The Equal Employment Opportunity Commission (EEOC) has set limits on the monetary value of incentives that employers offer to employees and their spouses to convince them to contribute specific health information to a wellness program, according to the commission's final rules released this week. The rules take effect at the start of 2017.
The final rules explain how employers that offer wellness programs that collect health information for employees and their spouses can comply with Title I of the Americans with Disabilities Act (ADA) and Title II of the Genetic Information Nondiscrimination Act (GINA).
"The EEOC received comments on both rules from a broad array of stakeholders and considered them carefully in developing this final rule," EEOC Chair Jenny R. Yang said in a statement. "The Commission worked to harmonize HIPAA's goal of allowing incentives to encourage participation in wellness programs with ADA and GINA provisions that require that participation in certain types of wellness programs is voluntary. These rules make clear that the ADA and GINA provide important safeguards to employees to protect against discrimination."
The ADA rule only applies to wellness plans that offer rewards to employees who respond to disability-related questions or to take medical examinations. And the GINA rule only applies to wellness programs in which a portion of the incentive will be given to an employee's spouse if they answer questions about their current or past health status or take a medical examination.
According to the EEOC, employers are able to offer employees incentives that are up to 30 percent of the cost of self-only coverage, meaning not inclusive of costs for family or other dependents. The term "incentives", in this case, refers to financial incentives as well as in-kind incentives, for example reductions in insurance premiums, cash, time-off awards, prizes, and other items of value. If the employer offers multiple health plans of varying price and offers a wellness program that isn’t tied to a specific plan, the incentive value must be no higher than 30 percent of the lowest priced plan.
Employers who do not offer health insurance can still offer incentives for employees and their spouses who complete an HRA or share information about their current or past health status, but this incentive is also limited. Employers can offer an incentive that is up to 30 percent of the total cost to a non-smoking 40-year-old who is purchasing coverage under the second lowest cost Silver Plan through the state or federal exchange in the employer’s principal place of business, according to the EEOC.

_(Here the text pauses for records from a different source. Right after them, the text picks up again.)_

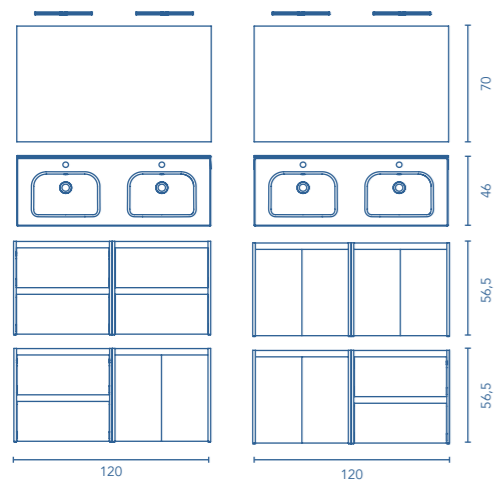

* Conjunto de luminaria Lucce 30 LED + espejo Murano + lavabo Slim + mueble Sansa.

Set		Profundidad 46					
		REF.	REF.	REF.	REF.	REF.	€
Set 60	Conjunto completo*	C0072639	C0072640	C0072471	C0072637	C0072638	264
2 cajones	Mueble + Lavabo	C0072479	C0072480	C0072481	C0072477	C0072478	230
Set 70	Conjunto completo*	C0072643	C0072644	C0072472	C0072641	C0072642	282
2 cajones	Mueble + Lavabo	C0072484	C0072485	C0072486	C0072482	C0072483	250
Set 80	Conjunto completo*	C0072647	C0072648	C0072473	C0072645	C0072646	299
2 cajones	Mueble + Lavabo	C0072489	C0072490	C0072491	C0072487	C0072488	259
Set 100	Conjunto completo*	C0072651	C0072652	C0072474	C0072649	C0072650	349
2 cajones	Mueble + Lavabo	C0072494	C0072495	C0072496	C0072492	C0072493	309

* Conjunto de luminaria Lucce 30 LED + espejo Murano + lavabo Slim + mueble Sansa.

NEW Set		Profundidad 46					
		REF.	REF.	REF.	REF.	REF.	€
Set 60	Conjunto completo*	C0072543	C0072544	C0072545	C0072541	C0072542	309
3 cajones	Mueble + Lavabo	C0072558	C0072559	C0072560	C0072556	C0072557	279
Set 80	Conjunto completo*	C0072504	C0072505	C0072506	C0072502	C0072503	349
3 cajones	Mueble + Lavabo	C0072514	C0072515	C0072516	C0072512	C0072513	319
Set 100	Conjunto completo*	C0072509	C0072510	C0072511	C0072507	C0072508	399
3 cajones	Mueble + Lavabo	C0072519	C0072520	C0072521	C0072517	C0072518	369
Set 120	Conjunto completo*	C0072629	C0072630	C0072631	C0072627	C0072628	624
6 cajones	Mueble + Lavabo	C0072634	C0072635	C0072636	C0072632	C0072633	569

* Conjunto de luminaria Lucce 30 LED + espejo Murano + lavabo Slim + mueble Sansa.
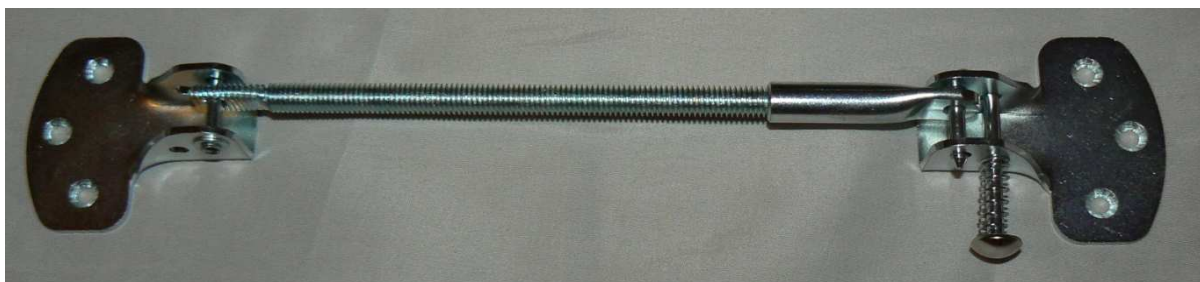

Převod pro sklopná okna

Obj. číslo	Název		Brutto cena/mj	mj
17435	Převod pro sklopná okna - 300 mm	zinek	471,00	ks
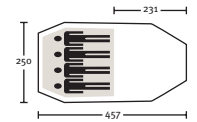

← Eureka - Tunnel Vision CV LW Cotton

Eureka El Capitan 2

Royale 2-persoons dwarsslaper met twee ingangen
Gewicht: 3400
Binnenmaten: 230 x 152 x 116
Kleur: Cactus groen

€ 239,95

Eureka Tunnel Vision CV LW Cotton

Lichtgewicht katoenen familietent met de mogelijkheid een tweede binnentent in te hangen waardoor ruimte ontstaat in te hangen waardoor ruimte ontstaat voor nog twee personen
Gewicht: 12,2
Binnenmaten: 230 x 220 x 195
Kleur: Desert Sand

€ 649,95

The final rule also lists a number of requirements that must be met for an employee’s participation in a wellness program that asks for disability-related information or submit to medical examinations. An employer can’t require an employee to participate, deny an employee access to health coverage or the ability to choose a certain plan, or take adverse action against an employee that doesn’t participate.
One change from the proposed Genetic Information Nondiscrimination Act (GINA) rule is that the rule applies to all wellness programs, instead of just programs that are part of group health plans.
"For most large employer wellness programs, it's business as usual,” National Business Group on Health CEO Brian Marcotte said in a statement about the final rules. “Though we are still reading the fine print, the rules appear to contain no big surprises. All in all, the rules are very much in line with what the EEOC proposed last year. While we may have hoped for some additional flexibility, the rules do what the EEOC was asked to do -- clarify for employers where their wellness plan incentives stand with respect to ADA and GINA compliance.”
Marcotte added that some of the highlights he noticed in the final rules were that the EEOC banned plan designs that provided better plans to employees who completed health assessments or biometric screenings and that the EEOC prohibited employers from offering incentives to children who participate in health assessments and biometric screenings.
The Equal Employment Opportunity Commission (EEOC) has sued three different companies in the last two years on behalf of employees required to submit to screenings or face higher premiums if they decline. Earlier this year, a judge ruled against EEOC, following a 2011 Florida precedent. The court said that a safe harbor provision in the ADA protects employers who are “establishing, sponsoring, observing, or administering the terms of a bona fide benefit plan that are based on underwriting risks, classifying risks, or administering such risks”.
The other two companies were Orion Energy Systems and Honeywell. The Orion suit is still pending and the Honeywell suit, which MobiHealthNews covered at the time, was essentially thrown out: the Federal court in Minnesota declined the motion for injunction but didn’t rule on the merits of the case.